Merck Sharp & Dohme Ltd v Ono Pharmaceutical Co Ltd & Anor  EWHC 2973 (Pat)
In Merck Sharp & Dohme v Ono & BMS  EWHC 2973 (Pat), Birss J held that Ono’s patent (under which BMS is the exclusive licensee), with claims to anti-PD-1 antibodies which inhibit the immunosuppressive signal of PD-1 for cancer treatment, is valid. Merck sought to challenge the validity of the patent, raising a wide variety of attacks on the patent, including added matter, insufficiency, loss of priority, anticipation and obviousness. The case raised a number of points of legal interest including the role of plausibility in priority, novelty and sufficiency.
Merck had admitted that, if the patent were found valid, its proposed dealings in its product for treating melanoma would infringe. Unusually, Ono indicated that if it won its infringement case, it would not seek an injunction in the UK provided an appropriate royalty was paid by Merck, to be agreed or decided by the court.

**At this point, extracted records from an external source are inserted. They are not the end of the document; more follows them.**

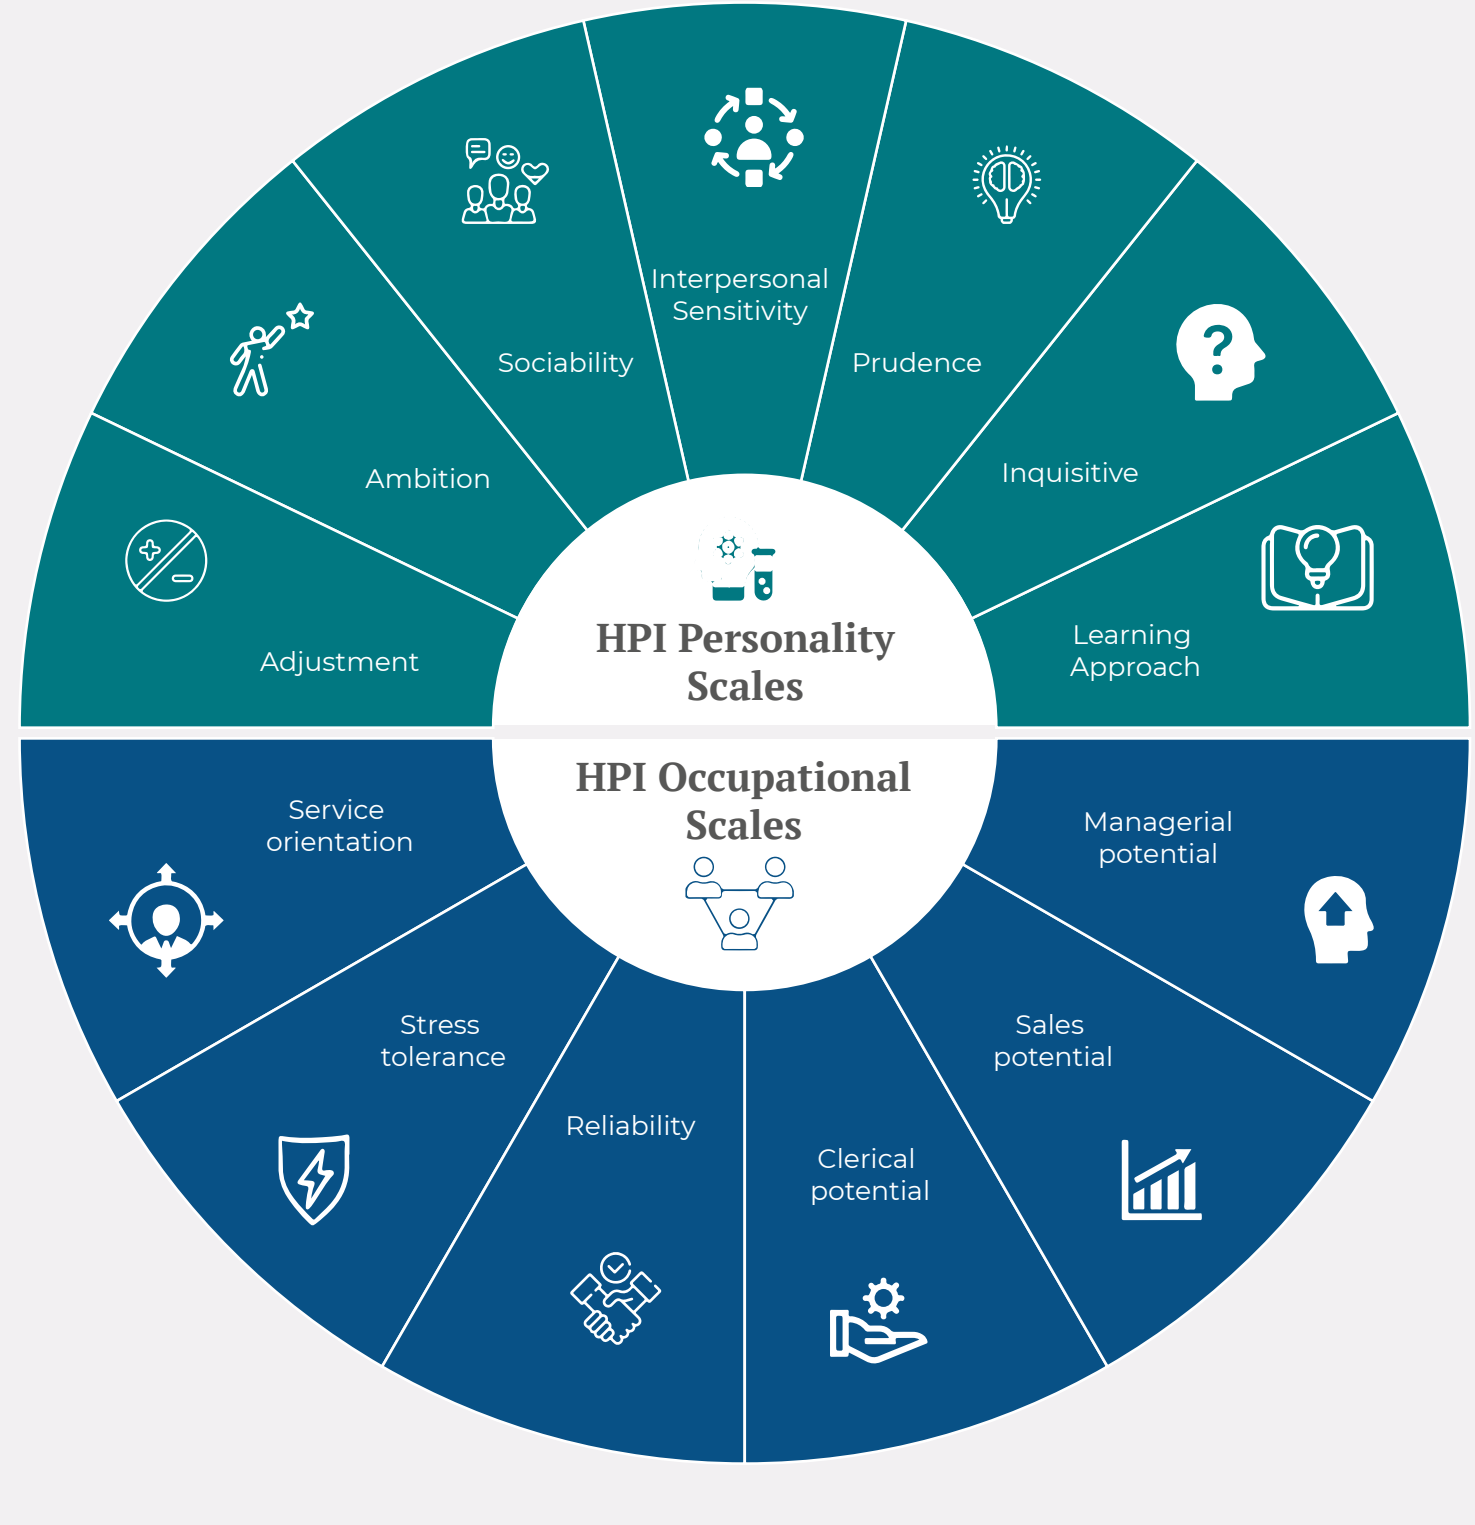

# Hogan Personality Assessments Comparison

|                   | HPI                                | HDS                              | MVPI   |
|-------------------|------------------------------------|----------------------------------|--|
| <b>Assessment</b> | <b>Hogan Personality Inventory</b> | <b>Hogan Development Survey</b>  | <b>Motives, Values, Preferences Inventory</b>                  |
| Acronym           | HPI                                | HDS                              | MVPI   |
| No. of Statements | 206 items                          | 168 items                        | 200 items  |
| Completion Time   | 15-20 minutes                      | 15-20 minutes                    | 15-20 minutes  |
| Measures          | "Bright-side" personality          | "Dark-side" personality          | "Inside" personality   |
| In a nutshell     | Your strengths and success factors | Your potential derailers at work | fit between your goals / values and work environment / culture |

## Hogan Assessment HPI Measurement Scales

## HDS Measurement Scales

## MVPI Measurement Scales
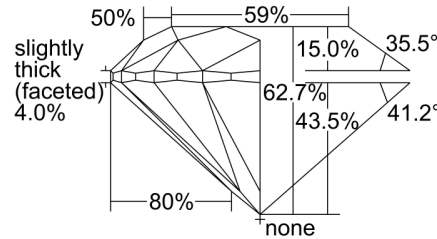

GIA NATURAL DIAMOND GRADING REPORT

September 23, 2022

GIA Report Number 7446769364

Shape and Cutting Style Round Brilliant

Measurements 6.45 - 6.48 x 4.06 mm

GRADING RESULTS

Carat Weight 1.06 carat

Color Grade H

PROPORTIONS

Profile to actual proportions

CLARITY CHARACTERISTICS

KEY TO SYMBOLS*

☉ Cloud

* Red symbols denote internal characteristics (inclusions). Green or black symbols denote external characteristics (blemishes). Diagram is an approximate representation of the diamond, and symbols shown indicate type, position, and approximate size of clarity characteristics. All clarity characteristics may not be shown. Details of finish are not shown.
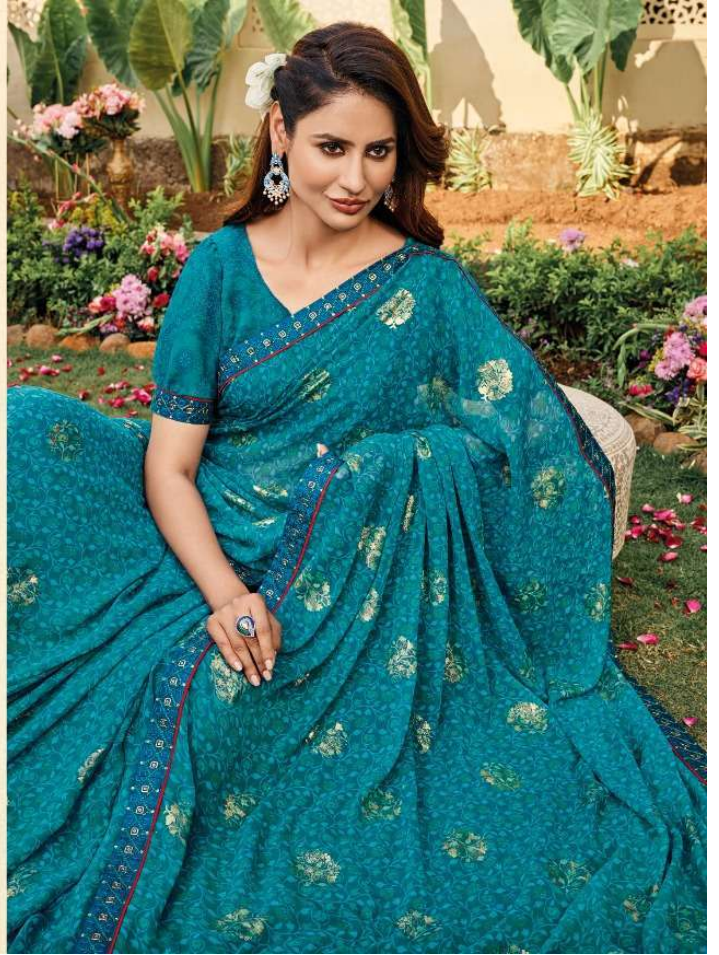

Sugandha

 **VIPUL**
Sugandha

A collection that is simple yet strong enough to make a statement between then and now, filling the gap between individual style and luxurious fashion. Each attire is seen as a highbrow and sartorial wonder, reinventing traditional designs in its most innovative form.

VIPOL
Sugandha

₹2511
(Exclusive Price)

02514

(Exclusive: Foli & Dumbhi Blouse)

viPul
Sugandha

02513
(Exclusive Foil)

viPul
Sugandha

02512
(Exclusive Fall With Steam Work
In Double Weave)

viPul
Sugandha

*Constantly rooted in
opulence &
Unapologetic glamour:*

Just the pace of something magical surrounding you as our
glorious sarees embrace you and drape you around you
as if this is where it was always meant to be.

In concluding that the patent was valid, Birss J held that the mouse models for cancer in the priority document (and the patent) provided support for the claimed invention, such that the Patent was entitled to its priority date. Further, because the skilled person would appreciate that these results would have broad application in treating cancer (because the PD-1 blockade effects the immune system, rather than being directed to an attribute of any particular type of cancer) it was plausible that the invention would be effective for treating a wide variety of cancers and so the claims were sufficient. The Judge also held that the Patent was novel over the mouse models for autoimmune disease contained in the prior art as these did not amount to a ‘disclosure’ of the claimed invention.

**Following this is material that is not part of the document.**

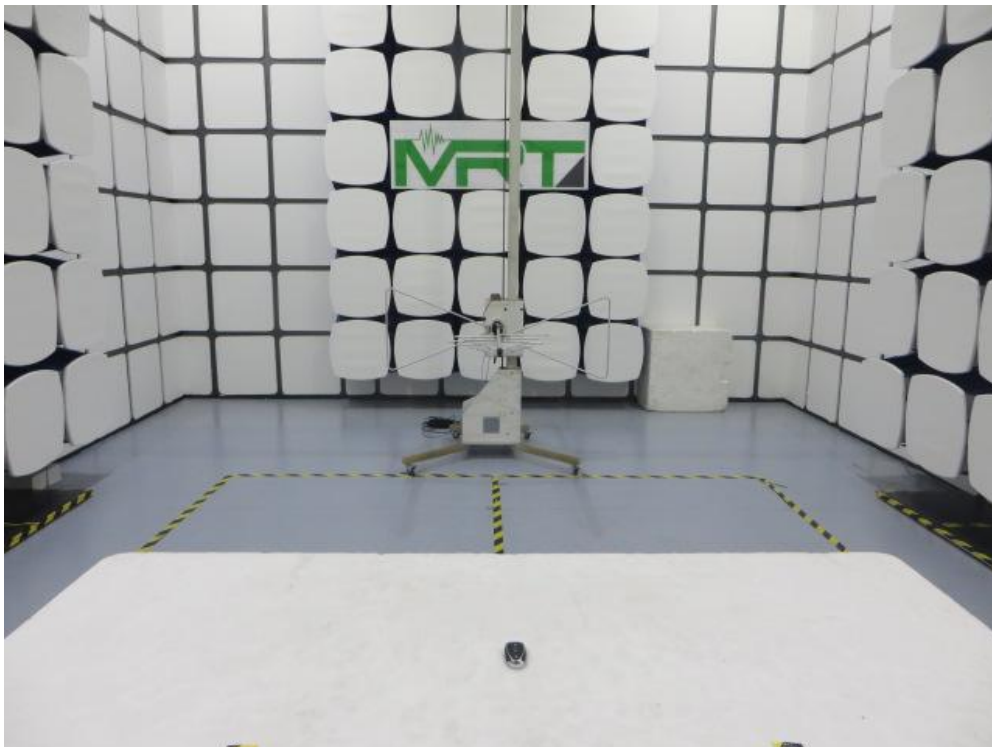

## Test Setup Photograph

Description: Radiated Emission Test Setup for 9kHz ~ 30MHz

Description: Radiated Emission Test Setup for 30MHz ~ 1GHz

Description: Radiated Emission Test Setup for 1GHz ~ 6GHz

The judge applied the ‘obvious to try’ guidance set out by the Court of Appeal in its recent decision in Teva v Leo  EWCA Civ 780, holding that although it would not have been inventive to the skilled person to carry out tests which would have led to the invention, the skilled person would not have had a sufficient expectation that the outcome would be successful to render the claimed invention obvious.